Tauopathies comprise a heterogeneous family of neurodegenerative diseases characterized by pathological accumulation of hyperphosphorylated Tau protein. Pathological changes in serotonergic signaling have been associated with tauopathy etiology, but the underlying mechanisms remain poorly understood. Here, we studied the role of the serotonin receptor 7 (5-HT7R), in a mouse model of tauopathy induced by overexpressing the human Tau[R406W] mutant associated with inherited forms of frontotemporal dementia. We showed that the constitutive 5-HT7R activity is required for Tau hyperphosphorylation and formation of highly bundled Tau structures (HBTS) through G-protein-independent, CDK5-dependent mechanism. We also showed that 5-HT7R physically interacts with CDK5. At the systemic level, 5-HT7R-mediated CDK5 activation induces HBTS leading to neuronal death, reduced long-term potentiation (LTP), and impaired memory in mice. Specific blockade of constitutive 5-HT7R activity in neurons that overexpressed Tau[R406W] prevents Tau hyperphosphorylation, aggregation, and neurotoxicity. Moreover, 5-HT7R knockdown in the prefrontal cortex fully abrogates Tau[R406W]-induced LTP deficits and memory impairments. Thus, 5-HT7R/CDK5 signaling emerged as a new, promising target for tauopathy treatments.

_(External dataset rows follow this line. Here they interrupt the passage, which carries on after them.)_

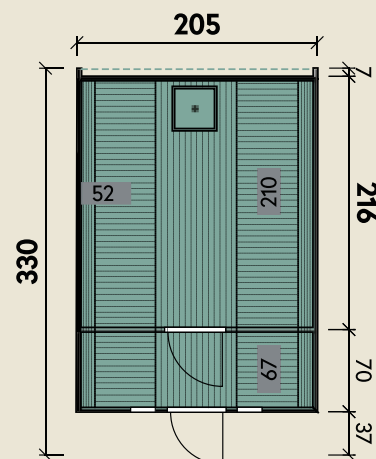

*Rundglasmontage bauseits nicht möglich. Lieferung mit Rundglasfenster nur fertig montiert. Wir empfehlen den Ofen Premium stehend mit 12 kW. Weitere Informationen finden Sie unter: www.finnhaus.de oder im aktuellen Katalog. Technische Änderungen, Druckfehler und Irrtümer vorbehalten.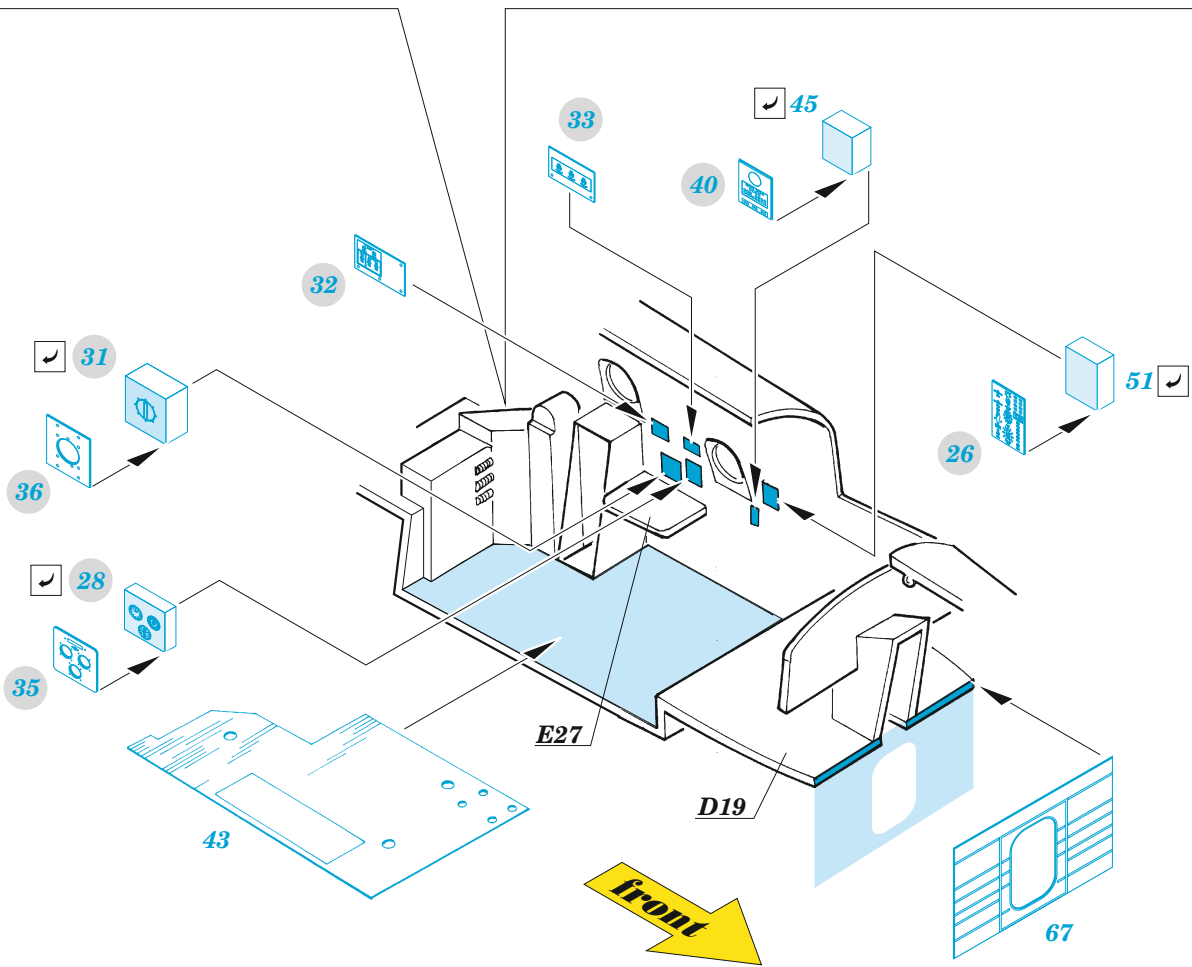

# PBM-5A interior

eduard

73 821

1/72

detail set for ACADEMY 1/72 kit • sada detailů pro stavebnici ACADEMY 1/72

- APPLY EXPRESS MASK AND PAINT BEFORE GLUING  
POUŽIT EXPRESS MASK NABARVIT PŘED SLEPENÍM
- SYMMETRICAL ASSEMBLY  
SYMETRICKÁ MONTÁŽ
- REMOVE  
ODSTRANIT
- GRIND  
OBROUSIT
- DRILL HOLE  
VRTAT OTVOR
- COLORED ETCHED PARTS  
LEPTANÉ BAREVNÉ DÍLY
- ETCHED PARTS  
LEPTANÉ NEBAREVNÉ DÍLY
- ORIGINAL KIT PARTS  
PŮVODNÍ DÍLY STAVEBNICE
- BEND  
OHNOUT
- OPTION  
VOLBA
- REPLACE  
NAHRADIT
- REVERSE SIDE  
OTOČIT

ORIGINAL KIT PARTS PŮVODNÍ DÍLY STAVEBNICE	PHOTO-ETCHED PARTS LEPTANÉ DÍLY	PARTS TO BE REMOVED DÍLY K ODSTRANĚNÍ	FILL TMELIT
---	------------------------------------	--	----------------

Related products: SS822 PBM-5A seatbelts STEEL 1/72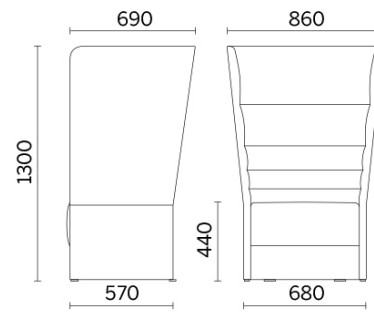

1 place fixe piètement à terre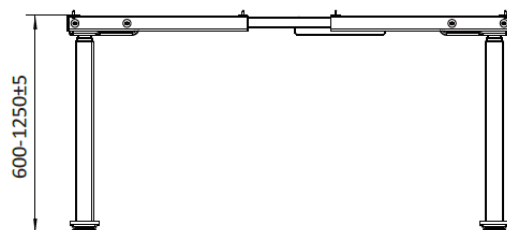

eLEX on kaksi-moottorinen ja kaksijalkainen korkeussäädettävä sähköpöytä, jota on saatavana tyylikkäänä mustana, valkoisena ja harmaana. Pöydässä on säädettävä törmäyssuoja ja lapsilukko. Sähköpöydän nostovoima on 120 kg. Ohjaimessa on korkeuden näyttö ja 3 muistipaikkaa. Ohjaimessa on myös USB-C portti, mitä voi käyttää vaikka matkapuhelimen lataamiseen.

Lattiovaste 630 mm

Kansivaste 575 mm

Rungon leveys säädettävissä välille 1010-1750 mm (+/- 5 mm)

Korkeussäätö 600-1250 mm (+/- 5 mm)

Kannet myydään erikseen.

Tuotenumero Nimike

9620210 eLEX sähkösäätöpöytä valkoinen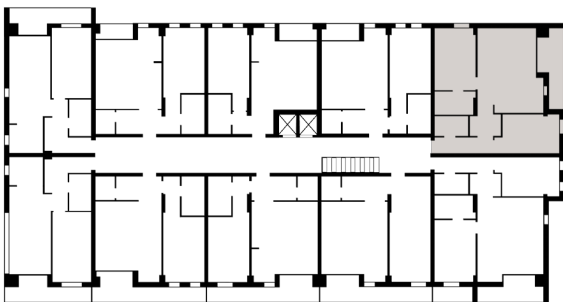

Cartier Transilvania

APARTAMENTE BRASOV

T4 - Ap.08	3 camere
	Etaj 1
Camera de zi+bucatarie	30,7mp
Dormitor	15,0mp
Dormitor	13,8mp
Hol	9,6mp
Baie	4,9mp
Baie	3,6mp
Balcon	9,8mp
Suprafata utila	77,6mp
Suprafata totala utila	87,4mp

Cartier Transilvania

APARTAMENTE BRASOV

<u>T4 - Ap.08</u>	<u>3 camere</u>
	<u>Etaj 1</u>
<u>Camera de zi+bucatarie</u>	<u>30,7mp</u>
<u>Dormitor</u>	<u>15,0mp</u>
<u>Dormitor</u>	<u>13,8mp</u>
<u>Hol</u>	<u>9,6mp</u>
<u>Baie</u>	<u>4,9mp</u>
<u>Baie</u>	<u>3,6mp</u>
<u>Balcon</u>	<u>9,8mp</u>
<u>Suprafata utila</u>	<u>77,6mp</u>
<u>Suprafata totala utila</u>	<u>87,4mp</u>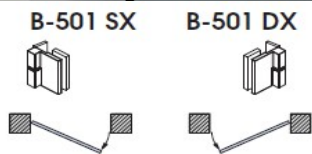

Повдигащи панти за стъкло хармоника IT

Панта стена - стъкло

Код: B-501 SX/DX

Цена: 188.00 лв

Панта стъкло - стъкло

Код: B-502 SX/DX

Цена: 242,00 лв

Ценовата листа е с включено ДДС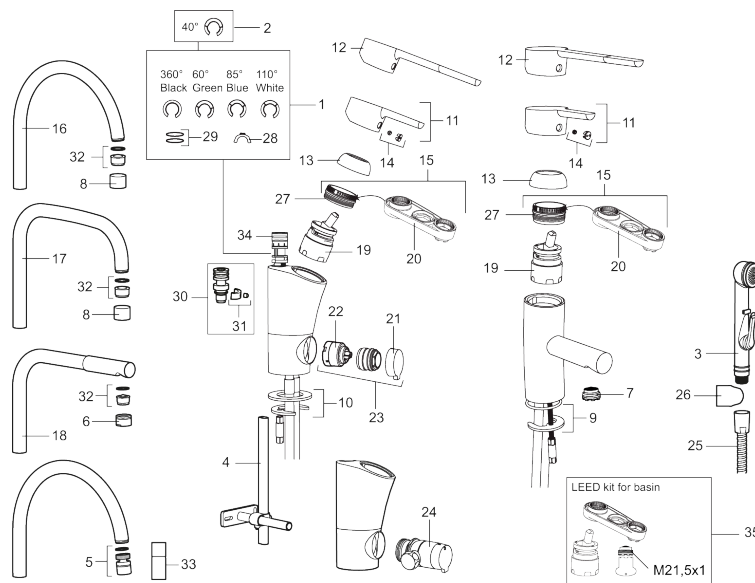

Art.nr: 732150 **RSK:** 8318391 **Flöde 3 bar:** 7,3 l/min

Utförande: Krom, med diskmaskinsavstängning, ansl. slät ände Ø10 mm

Unika egenskaper

Skyddsmodul

- BVB ID 54013
- ESS (energisparsystem)
- Mjukstängning med keramisk tätning
- Omställbar flödesbegränsning och temperaturspär
- Eco (energi- och vattenbesparande strålsamlare)
- Flexibla anslutningsrör i metallomspunnen Soft PEX®
- Svängbar pip 60°, 85°, 110° eller 360°
- Med diskmaskinsavstängning. Omställbar mellan KV och VV, inställd på KV
- Lead Free (blyfri)
- Hålmått Ø32-37 mm

Art.nr: 732150

RSK: 8318391

Reservdelslista

NR.	ART.NR	RSK	BESKRIVNING
1	S600299	8387254	Spärsegment och låsring
2	209543.AE	8346916	Spärsegment 40°
3	S600206	8233049	Självstängande handdusch, krom
4	S600308	8387263	Stabiliseringsstag
5	S600314	8280068	Strålsamlare M22 inv., ledbar, 7-9 l/min vid 3 bar
6	131415.AE	8281512	Hylsa M24 utv., 15 mm, krom
7	S600312	8280067	Strålsamlare M21,5 utv., 7-9 l/min vid 3 bar
7	409385.AE	8242292	Strålsamlare M21,5 utv., 5 l/min vid 2-6 bar
7	S600228		Strålsamlare M21,5 utv., 3 l/min vid 2-6 bar
8	131410.AE	8281509	Hylsa M22 inv.
9	S600160	8387096	Monteringssats, tvättställsblandare
10	S600159	8387097	Monteringssats, köksblandare
11	409389.AE	8344867	Spak, komplett
12	409390.AE	8344874	Care-spak, komplett, krom/svart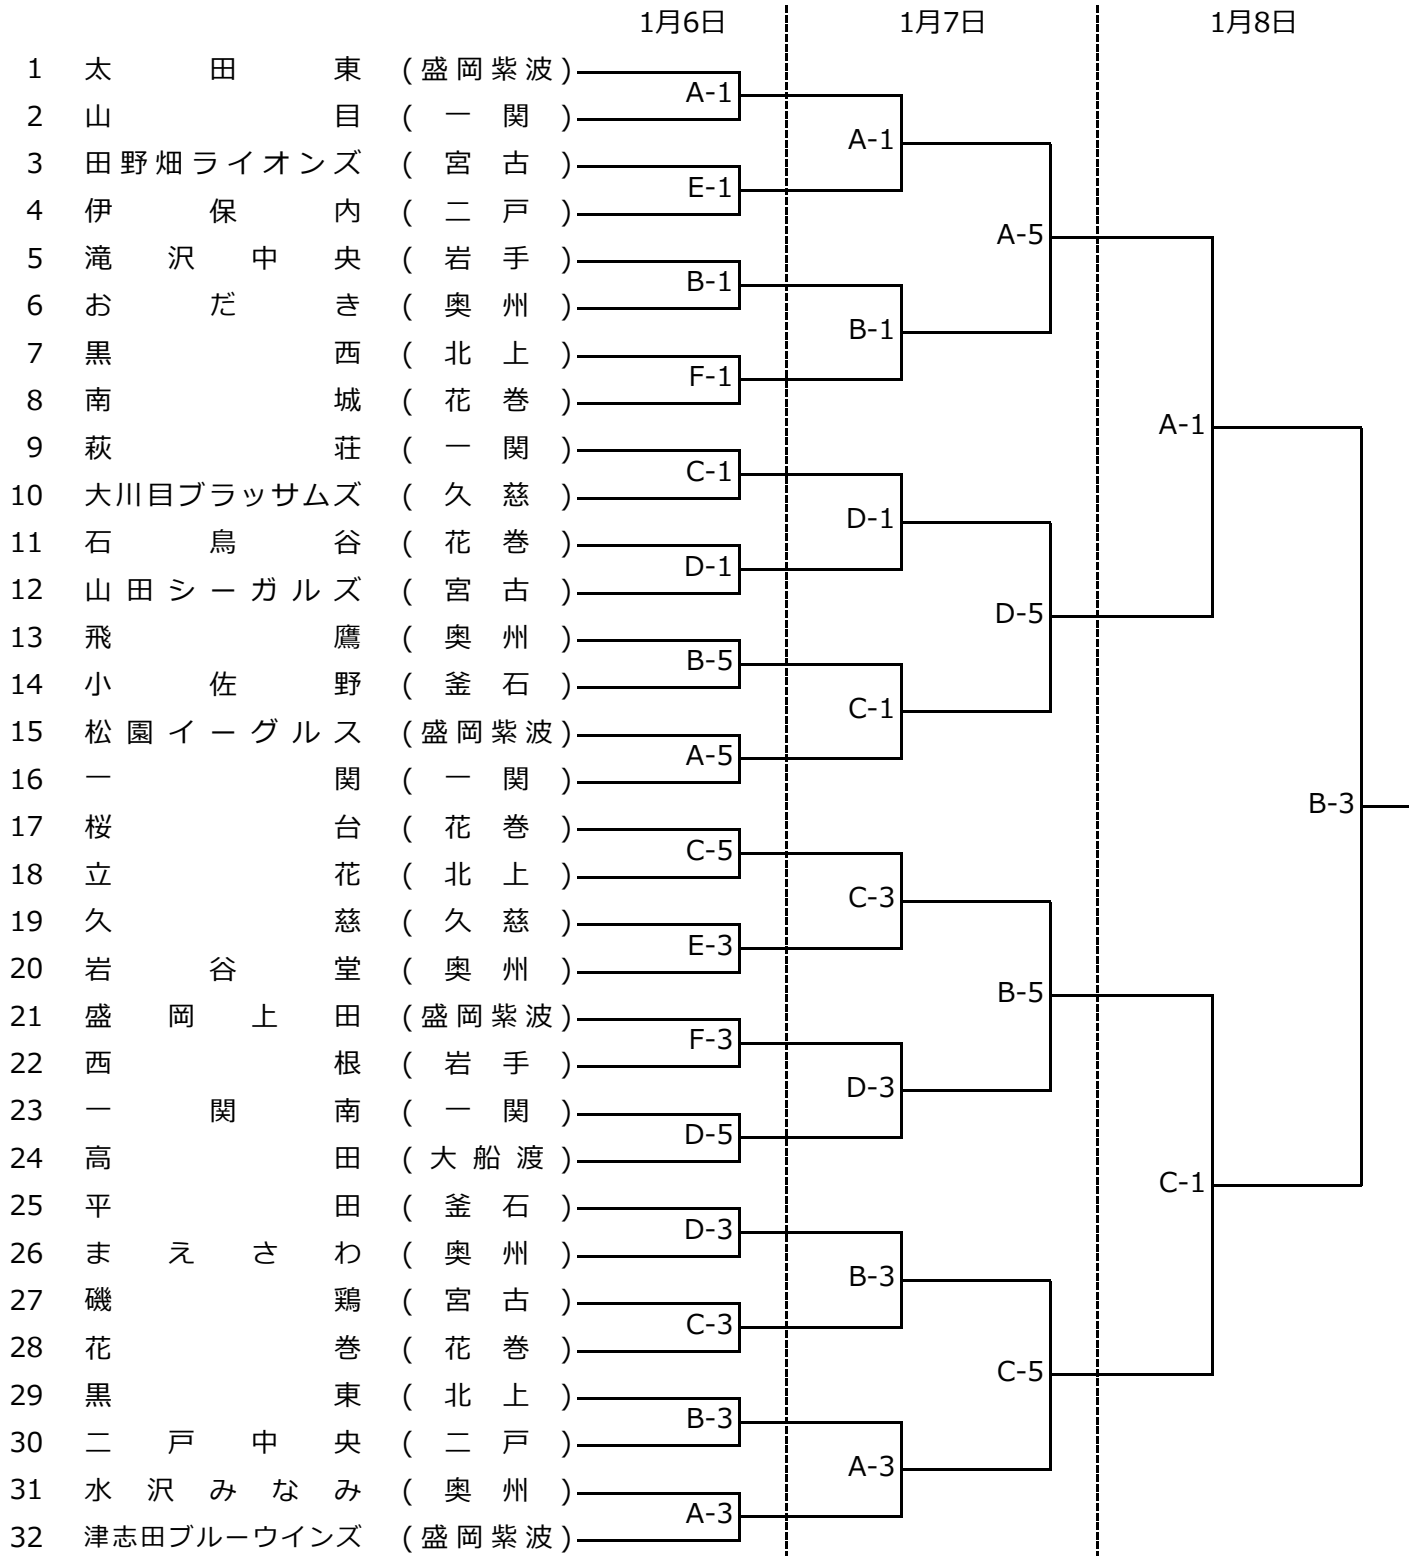

## 第41回岩手県ミニバスケットボール交歓大会 男子組合せ

A,B,C,Dコート 奥州市総合体育館  
 E,Fコート 江刺西体育館

	1月6日		1月7日	1月8日
	A,B,C,D	E,F	A,B,C,D	A,B,C
1	10:00~	11:00~	9:30~	9:30~
2	11:05~	12:05~	10:35~	10:35~
3	12:10~	13:10~	11:40~	12:10~
4	13:15~	14:15~	12:45~	13:15~
5	14:20~		13:50~	
6	15:25~		14:55~	

## 第41回岩手県ミニバスケットボール交歓大会 女子組合せ

A,B,C,Dコート 奥州市総合体育館  
 E,Fコート 江刺西体育館

	1月6日		1月7日	1月8日
	A,B,C,D	E,F	A,B,C,D	A,B,C
1	10:00~	11:00~	9:30~	9:30~
2	11:05~	12:05~	10:35~	10:35~
3	12:10~	13:10~	11:40~	12:10~
4	13:15~	14:15~	12:45~	13:15~
5	14:20~		13:50~	
6	15:25~		14:55~

Tauopathies 包括一个异质的神经退行性疾病家族，其特征是过度磷酸化 Tau 蛋白的病理性积累。血清素信号的病理变化与 tau 蛋白病病因有关，但其潜在机制仍知之甚少。在这里，我们研究了血清素受体 7 (5-HT7R) 在与遗传性额颞叶痴呆相关的人类 Tau[R406W] 突变体过表达诱导的 tau 蛋白病变小鼠模型中的作用。我们表明，Tau 过度磷酸化和通过 G 蛋白非依赖性、CDK5 依赖性机制形成高度捆绑的 Tau 结构 (HBTS) 需要组成性 5-HT7R 活性。我们还展示了 5-HT7R 与 CDK5 的物理相互作用。在系统层面，5-HT7R 介导的 CDK5 激活诱导 HBTS，导致神经元死亡、长期增强 (LTP) 降低和小鼠记忆力受损。在过表达 Tau[R406W] 的神经元中对组成型 5-HT7R 活性的特异性阻断可防止 Tau 过度磷酸化、聚集和神经毒性。此外，前额叶皮层中的 5-HT7R 敲低完全消除了 Tau[R406W] 诱导的 LTP 缺陷和记忆障碍。因此，5-HT7R/CDK5 信号转导成为 tau 蛋白病治疗的一个新的、有希望的靶点。前额叶皮层中的 5-HT7R 敲低完全消除了 Tau[R406W] 诱导的 LTP 缺陷和记忆障碍。因此，5-HT7R/CDK5 信号转导成为 tau 蛋白病治疗的一个新的、有希望的靶点。前额叶皮层中的 5-HT7R 敲低完全消除了 Tau[R406W] 诱导的 LTP 缺陷和记忆障碍。因此，5-HT7R/CDK5 信号转导成为 tau 蛋白病治疗的一个新的、有希望的靶点。